9.13.2007

Rooting



I find uprooting difficult. This really became apparent when I was an undergrad. During those first few days back at school in the fall or at home in the summer, I would often wake up feeling lost. The context of my life had changed overnight, and suddenly all of the people and landmarks around which I normally structured my day were gone. It was disorienting, but I adjusted after a while.

When I studied in Santa Fe during my junior year, the feeling was much stronger, and lasted for weeks. The landscape had a lot to do with this. I felt as though I had traveled to another planet. The land, the adobe houses, the dust all glowed bright red-brown, brilliant against the deep blue desert sky and scrubby, green-black clumps of junipers. The Sangre de Cristos loomed larger than any mountains I'd ever seen. It was beautiful, but so, so alien. I was used to being tucked between small, forested hills, a blanket of clouds overhead. Maple trees. Apple farms. Snow drifts. The Northeast. I was living with friends from school, but outside of our apartment, everything was unfamiliar.

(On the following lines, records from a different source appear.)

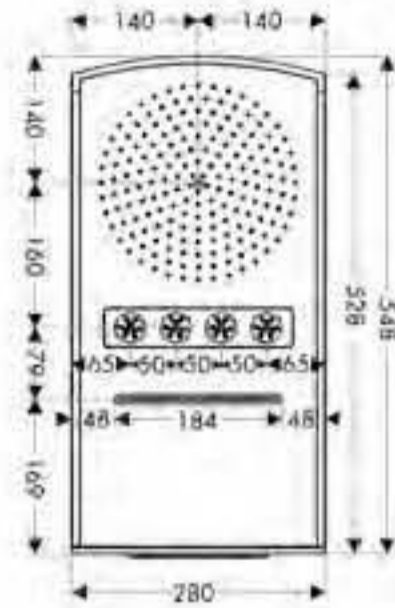

Raindance Rainfall 240 AIR 3jet

cromo

28411000

- Sistema de ducha fija para instalación empotrada en la pared con iBox universal cuerpo empotrado
- 3 tipos de chorro: RainAir (Ø 240mm con tecnología AirPower de inyección de aire), Whirl (con 4 jets de masaje), RainFlow (cascada de 176mm de ancho)
- Caudal 40 l/min aprox. a 3 bar, RainFlow 21 l/min aprox. a 3 bar
- Sistema antical QuickClean

A completar con:

- iBox universal cuerpo empotrado (ref.01800180)

I had a similar reaction to very different circumstances when we moved to Cambridge last fall. The landscape was not at all foreign. In fact, the move felt like a geographic homecoming, since my family has always vacationed in New England, and the landscape is similar here to that in rural New York.

We had some friends in the area, but the whole community I'd been a part of at college was gone. I went to work, I came home. My co-workers were friendly, but I still felt lost. And loss. It took a long time to get over the feeling. Months. Finally, I think I realized that I wasn't busy enough. I had shied away from commitments since moving in because I thought that what I wanted was extended, guilt-free leisure time. No homework hanging over my head. No evening meetings to go to. Unencumbered weekends. The dream that every college student dreams during finals week.

But sometime in the spring, I finally realized that all of that free time left me feeling empty. I needed commitments, I needed to be a part of more things. So I began new projects at work, and started taking yoga. Then I applied for grad school. Classes began last week. I'm busy now. Things are rushed, and the weekends are no longer entirely my own. I have papers to write, and sometimes it's overwhelming.

But all in all, I feel so much better. The more I do, the more connected I feel, like I'm rooting myself. Busy can mean happy. It's not just stress. It's thriving.